What I don't understand
However, what I didn't mention is that I added a Table.Buffer as the Last step of T2.
Adding this step should result T3 being able to be loaded straight from that buffer instead of requiring extra calculation and thus it SHOULD take 30s, 2m20s 2m20s. Why doesn't it? Are the results of Table.Buffer really only available within the query itself?

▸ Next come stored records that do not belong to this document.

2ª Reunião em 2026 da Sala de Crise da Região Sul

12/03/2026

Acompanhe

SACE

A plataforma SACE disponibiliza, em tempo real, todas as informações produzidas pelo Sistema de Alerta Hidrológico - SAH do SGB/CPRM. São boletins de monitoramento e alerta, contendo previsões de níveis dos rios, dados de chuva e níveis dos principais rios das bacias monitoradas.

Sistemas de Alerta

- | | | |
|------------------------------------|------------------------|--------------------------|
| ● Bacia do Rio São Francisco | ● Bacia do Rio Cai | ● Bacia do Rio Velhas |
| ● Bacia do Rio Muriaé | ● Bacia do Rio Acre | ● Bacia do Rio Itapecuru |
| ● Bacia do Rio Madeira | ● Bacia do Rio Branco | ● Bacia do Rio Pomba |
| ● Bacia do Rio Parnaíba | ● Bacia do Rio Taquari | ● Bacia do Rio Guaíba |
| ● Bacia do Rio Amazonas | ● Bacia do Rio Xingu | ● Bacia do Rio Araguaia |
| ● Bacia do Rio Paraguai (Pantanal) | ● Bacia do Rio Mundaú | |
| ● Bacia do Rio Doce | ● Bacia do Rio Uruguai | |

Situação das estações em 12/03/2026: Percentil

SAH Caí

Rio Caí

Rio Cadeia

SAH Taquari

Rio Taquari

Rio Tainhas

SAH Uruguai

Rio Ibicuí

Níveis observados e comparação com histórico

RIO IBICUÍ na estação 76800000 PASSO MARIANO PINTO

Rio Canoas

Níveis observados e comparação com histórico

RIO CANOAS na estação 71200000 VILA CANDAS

If T1=>T2, T1=>T3, T2=>T4 and T3=> T4 where T1,T2,T3 are connection only and T4 is loaded to the workbook. I understand that T1 is calculated twice (once for calculating T2 and once for calculating T3), but does it still need to be calculated twice if you put a Table.Buffer at the end of it?

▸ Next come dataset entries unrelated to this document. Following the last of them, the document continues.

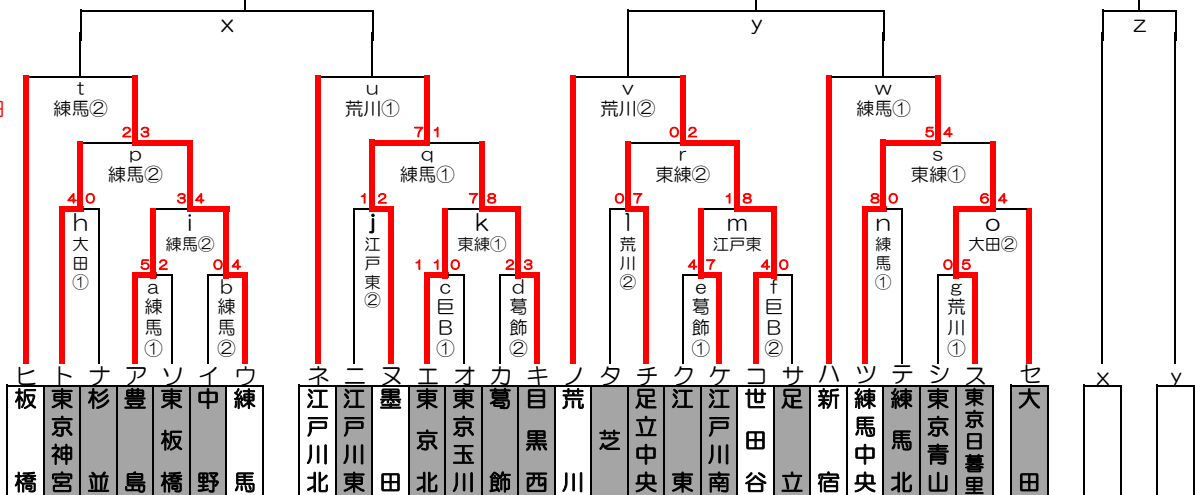

9月10日

9月3日

8月27日

2017年度 東東京支部秋季大会 敗者復活戦

第5代表

第6代表

第7代表

10月1日

9月23日or24日

9月18日

9月10日

9月3日

8月27日(日)	練馬G(東板橋)	豊島G(練馬中央)	東練馬G(新宿)	大田G	荒川G(荒川)	葛飾G(荒川)		
9月3日(日)	練馬G(練馬)		東練馬G(東練馬)	多摩川巨人B()	荒川G(荒川)	葛飾G(葛飾)	江戸川区球場(新宿)	江戸川北G(江戸川北)
9月10日(日)	練馬G(練馬北)		東練馬G(東京北)	大田G()	荒川G(荒川)		テ・チ・子	三・夕
9月17日(日)	練馬G(練馬)		東練馬G(東練馬)					
9月23日(土)or24日(日)	練馬G(板橋)		東練馬G(東京和泉)		荒川G(荒川)			
10月1日(日)								

第1試合: 9時~、第2試合: 11時~、第3試合: 13時~
 ※9/3(日)の江戸川区球場以外のグラウンドの第1試合は12:30開始を旨とします。昼食時間は各チームでご調整ください。
 (ただし、両チームが到着後試合開始までに1時間は空けることとします。)
 ※※9/3(日)、各グラウンド当番チームは審判の昼食を11:30頃ご準備ください
 開幕式: 9月3日(日) 東東京支部合同開幕式(於: 江戸川区球場)
 予備日: 土曜日、9月18日(月、祝)
 関東大会: 10月8日(日)から開始
 グラウンド: 江区(江戸川区球場)、荒川(荒川シニアG)、葛飾(葛飾シニアG)、戸東(江戸川東シニアG)
 江北(江戸川北シニアG)
 大田(大田G)、巨B(多摩川巨人B)
 豊島(豊島シニアG)、練I(練馬区1面G)、練Ⅲ(練馬区3面G)、板(板橋シニアG)、東北(東京北シニアG)
 東練(東練馬シニアG)、練中(練馬中央シニアG)

Please check Why Does Power BI Query My Data Source More Than Once? - Chris Webb's BI Blog (crossjoin.co.uk), second part of the post is about your case. Also Referenced Queries And Caching In Power BI And Power Query - Chris Webb's BI Blog (crossjoin.co.uk)

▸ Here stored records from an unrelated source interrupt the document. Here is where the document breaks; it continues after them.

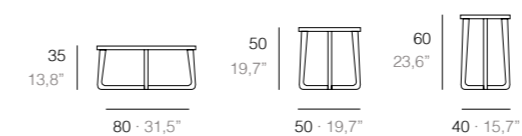

Traffic

Transit

WASABI

Grassoler Studio

EN · Coffee table in solid wood frame, varnished in oak or natural, or lacquered in white or black.

ES · Mesa de centro en madera maciza barnizada en color roble, o natural o lacado en blanco o negro.
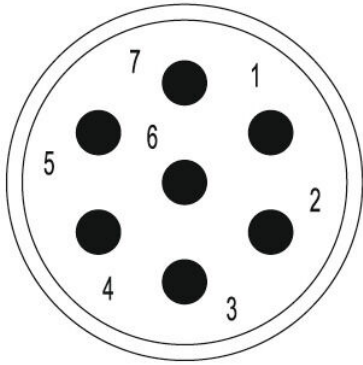

図面

ピン固定

寸法図

Technical data

Number of positions	6	7	9		12	16	17	19		
Number of contacts	6	7	8	1	12	16	17	16	3	
Contact-ø	mm		2	2	1	2	1	1	1	1.5
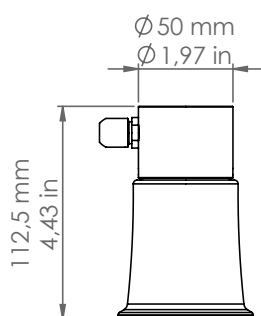

Grafico

SGA1/O/...

Art. SGA1/O/BL

Descrizione: / Description:

Spot con base in ottone anticato ad una uscita, comprensivo di raccordo Ø8mm, e modulo portalampada in ceramica.

/ Spot with aged brass base with single output, Ø8 mm connection included, and ceramic lamp holder module.

Ø70 mm
Ø2,76 in

SGA1/O/...

DATI TECNICI: / TECHNICAL DATA:

SORGENTE LUMINOSA: / LIGHT SOURCE:

1x7W LED
230V - 50Hz
GU10

LAMPADINA NON INCLUSA
/ LIGHT BULB NOT INCLUDED

Sorgente luminosa sostituibile dall'utente finale
/ Replaceable light source by an end-user

MATERIALE:
/ MATERIAL:

Ottone e ceramica
Brass and ceramic

VOLUME [M³]:

0,01

PESO LORDO [Kg]:
/ GROSS WEIGHT [Kg]:

0,68

FINITURE / FINISHES

base:
/ base:

Ottone anticato
Aged brass

Portalampada in ceramica:
/ Ceramic lamp holder:

BL: Bianco lucido
/ Glossy white

NL: Nero lucido
/ Glossy black

É necessario ricevere il disegno grafico quotato, specificando l'entrata del cavo di rete
/ It's necessary to receive the listed graphic drawing, specifying the entry of the power cable

Sorry, but I can't explain better than Chris.
Also he has series of post regarding Power Query performance, perhaps something will be useful. First what Google returned Power Query/M Optimisation: Getting The Maximum Value From A Column, Part 2 - Chris Webb's BI Blog (crossjoin.co.uk)
4 Replies
Sort By
Power Query doesn't keep resulting query tables. In general if you have referenced queries each of them evaluating from scratch, from first query in line to resulting one. Cache helps in evaluation, but depends how your lines of references are built.
Table.Buffer keeps resulting query table in memory which makes such operations as sorting and removing duplicates more reliable. In 90% of cases.
Equivalent of Table.Buffer is to add Index column to table, perform operations as above and remove such Index column.
- MatthiasVCCopper ContributorOkay Thanks, That's already part of my question.
Then I guess the next part is: does Table.Buffer work if you're referring to a certain step multiple times? Or is that just exactly the same as referencing another query?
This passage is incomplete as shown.